After a day or two of trying to reduce Ben’s fever unsuccessfully, his parents took him to the doctor. It was soon discovered that Ben had a staph infection known as Methicillin resistant Staphylococcus aureus (MRSA), which was eating away at his femur bone.

Plans were immediately made for an operation. However, before the operation began, the family’s pastor, Father Mick O’Neill from St. Francis of Assisi in Seffner, Fla., showed up at the hospital to bless Ben’s legs. This, according to Welch, was the first of a number of miracles that would occur in the months ahead.

“Before Father Mick arrived, Ben was screaming in agony due to his legs. The slightest movement or touch caused him excruciating pain,” Welch recalled. “So when Father Mick came in, I thought Ben was going to go through the roof with him touching and blessing his leg.”

However, as their priest blessed Ben’s leg with the sign of the cross four times, he did not make a sound.

The operation was successful. But it was the start of a 15-month period in which Ben would undergo several more operations and be confined to a wheelchair for more than a year.

“I basically lived in the hospital for around six weeks,” says Welch. “I clung to the Rosary all during that time.”

She says her lowest moment came during that first visit in February. After two weeks in the hospital, Ben’s fever spiked at 104. He was coughing incessantly and began talking about dying.

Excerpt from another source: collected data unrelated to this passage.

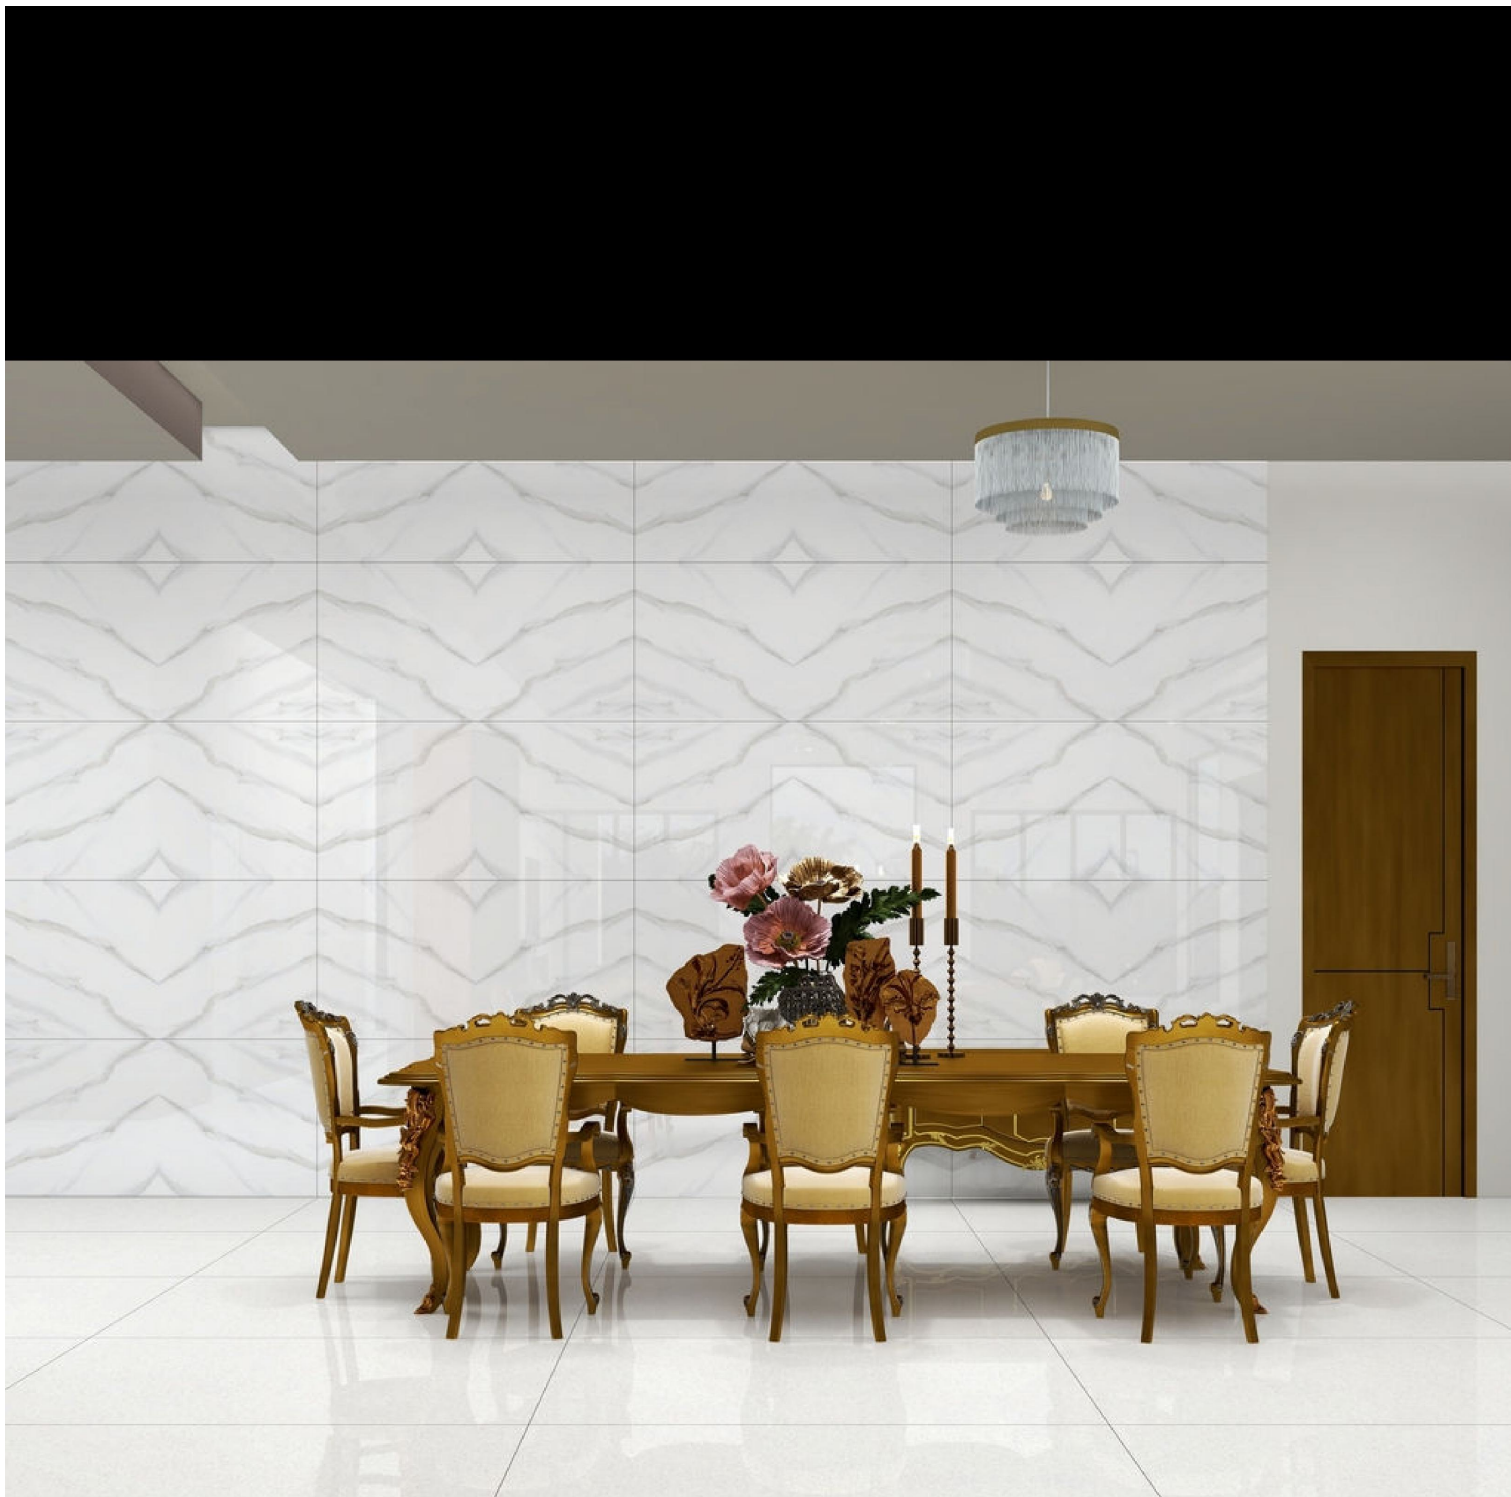

BK 017

EASY TO
MAINTAIN

EASY TO
CLEAN

STAIN
RESISTANT

RESISTANT
TO CHEMICALS

WATERPROOF

ECOLOGICAL

FROST
RESISTANT

HIGH
STRENGTH

“I thought I was going to lose my son. But as I reflect on that low moment, I could feel Mary’s arms around me. Mary was there just like she was for her son at the foot of the cross.”

In May 2006, Ben was out of his wheelchair. While his soccer-playing days are over, the now 15-year-old has developed an 80-mph fastball on the baseball diamond. And just last year Ben set a new record for running the mile at the Villa Madonna School outside of Tampa.

More importantly, Ben’s miraculous recovery has strengthened their faith. Mom, Dad and older sisters Katie and Courtney are firm believers that with Jesus and Mary on your side miracles do happen.

At “Mary’s Touch,” Lomonte never tires of hearing stories like these: “A witness of faith is the best teacher. These stories make Mary real. This is our faith in action.”

Eddie O’Neill writes from Green Bay, Wisconsin.